The theory that Mallon and Kluge put forward is that the match between Denmark and Athens at the 1906 Intercalated Games has, in the course of history, been wrongly reported as happening at the 1896 Olympic Games. In fact, one source dictates that the 1896 match was contested by an Athens XI and a Smyrna XI, but this game actually took place at the Intercalated Games and is alleged to be a mistake that has persisted through time.

=== Proof ===
Olympic historians Erik Bergvall, Fritz Wasner, Herbert Sander and Peder Christian Andersen all independently agree that football was played at the 1896 Olympic Games, and that there can be no question of a confusion between the football tournaments played in 1896 and 1906.

In 1970, an old Greek footballer Malonis Isaias, who also played at the 1919 Inter-Allied Games, gave an interview about the beginning of Greek football, in which he stated that football was played at the 1896 Olympic Games.

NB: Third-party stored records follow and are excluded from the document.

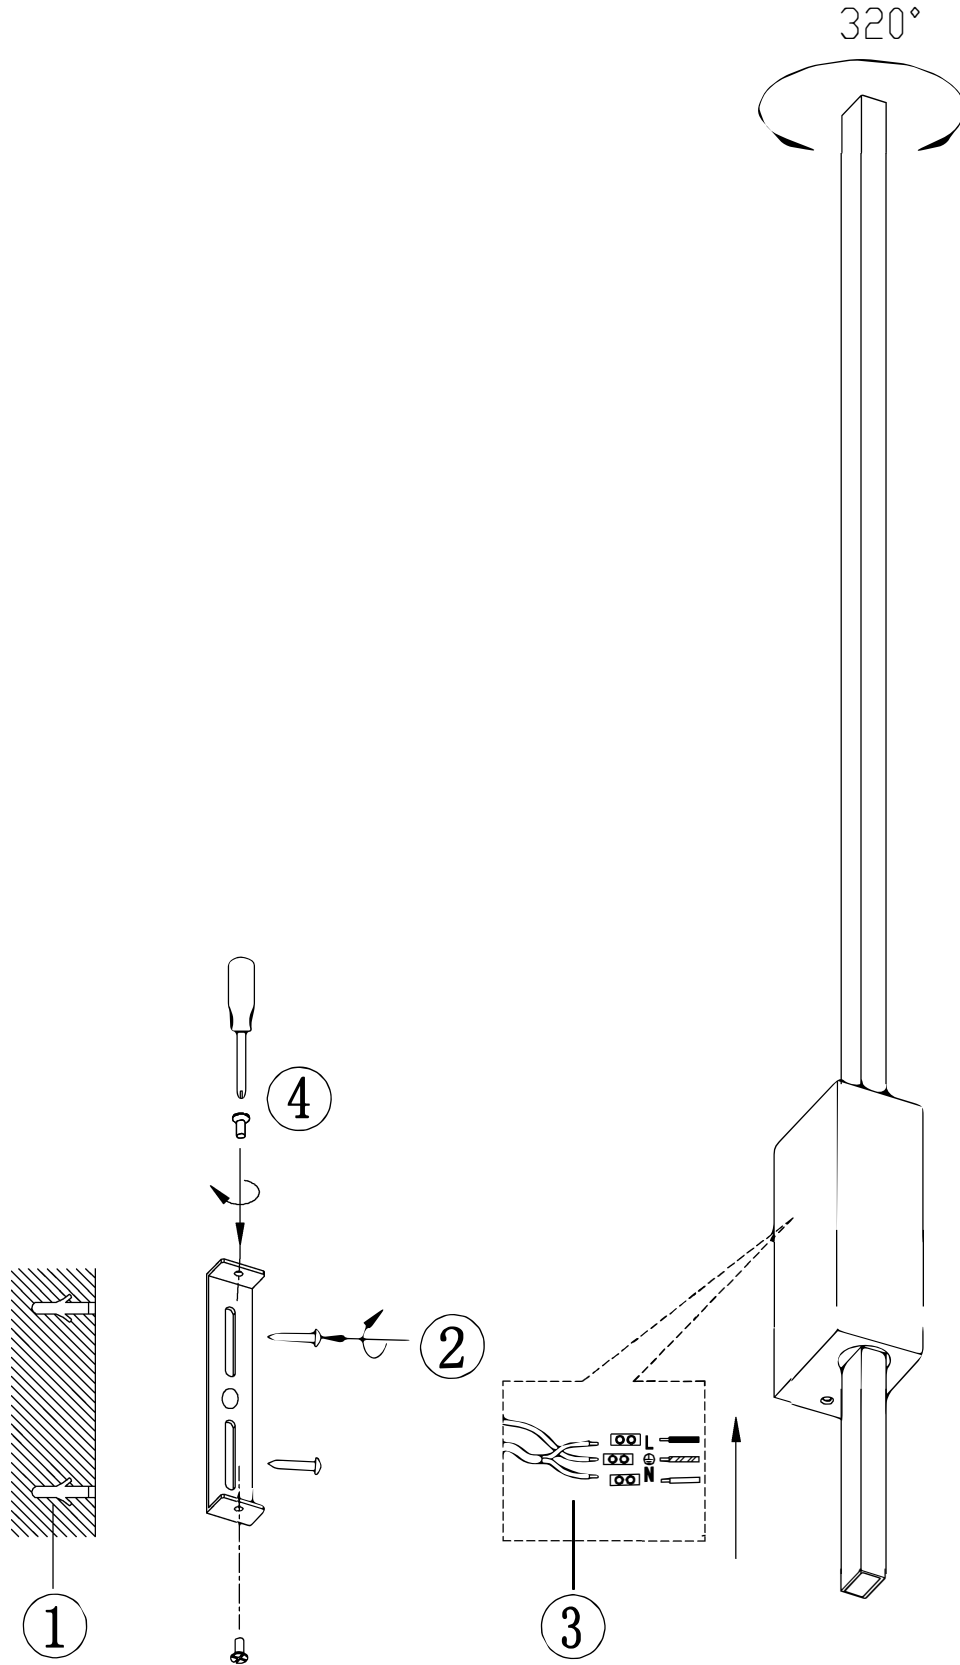

ITEM NO.: MADRAS WB120

IP20

Telbix.

240V ~ 50Hz LED 24W 3000K

NON-DIM

IMPORTANT

Must be installed by a qualified electrical contractor.

Install in accordance with AS/NSZ3000.
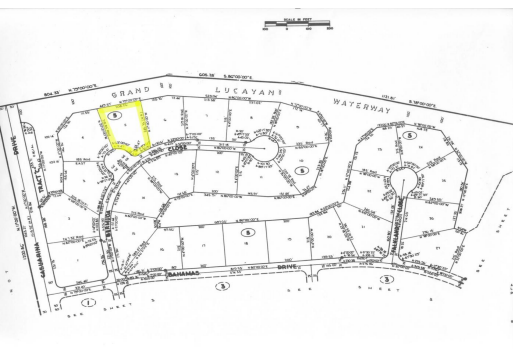

Colony Bay Waterfront Land

Great lot located in Colony Bay Subdivision on Bermuda Close. This lot is measured at 48,240 square...

Great lot located in Colony Bay Subdivision on Bermuda Close. This lot is measured at 48,240 square feet with over 200 feet on the water. Only 10 minute drive from downtown Freeport....read more on our website.

Maint. Fees: -
 Subdivision: Colony Bay
 Features: Canal Front

Nikolai Sarles

Phone: (242)351-9081
 nikolaisarles@gmail.com

\$99,900 ID# 48098 View Online
www.sarlesrealty.com
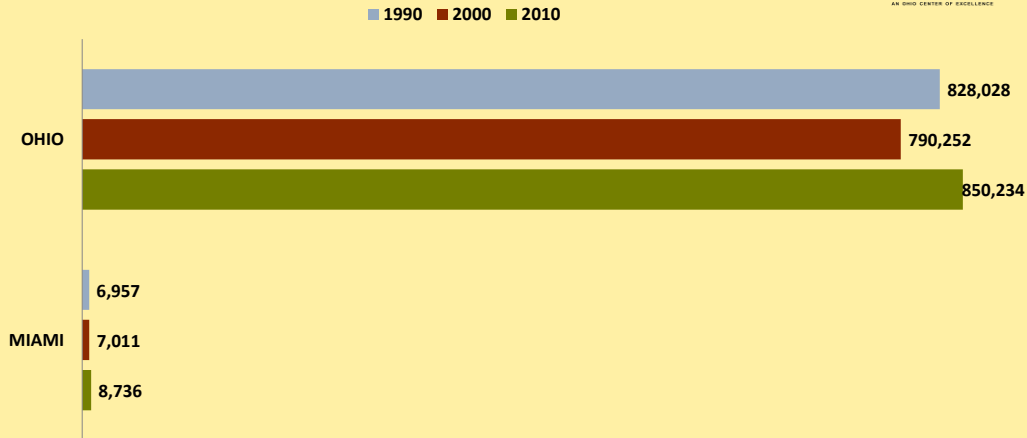

MIAMI COUNTY AND OHIO POPULATION CHANGES: Age 65-74 1990 - 2010

Age 65 - 74 Population

Age 65-74 Population as % of 65+ Population

Of Age 65-74 Population, % Women

% Change in Age 65-74 Population

% Change in Proportion of Age 65+ Population who are Age 65-74

% Change in Proportion of 65-74 Population Who Are Women
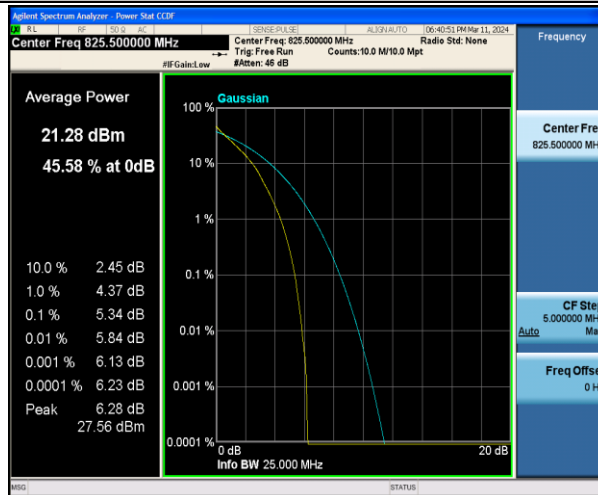

Band5-3MHz-16QAM-20415-1RB#0-PASS

Band5-3MHz-QPSK-20415-15RB#0-PASS

The information about the match most likely comes mostly from one of the founders of the IOC Aleksei Butovsky (1838–1917), who was a witness to the match in 1896. According to him the score was 0–9.

FIFA News number 155 from April 1976 lists Denmark as the first Olympic champions. Later that year in July, FIFA held its 40th congress, which officially recognised the 1896 Olympic Games as the first Olympic football tournament.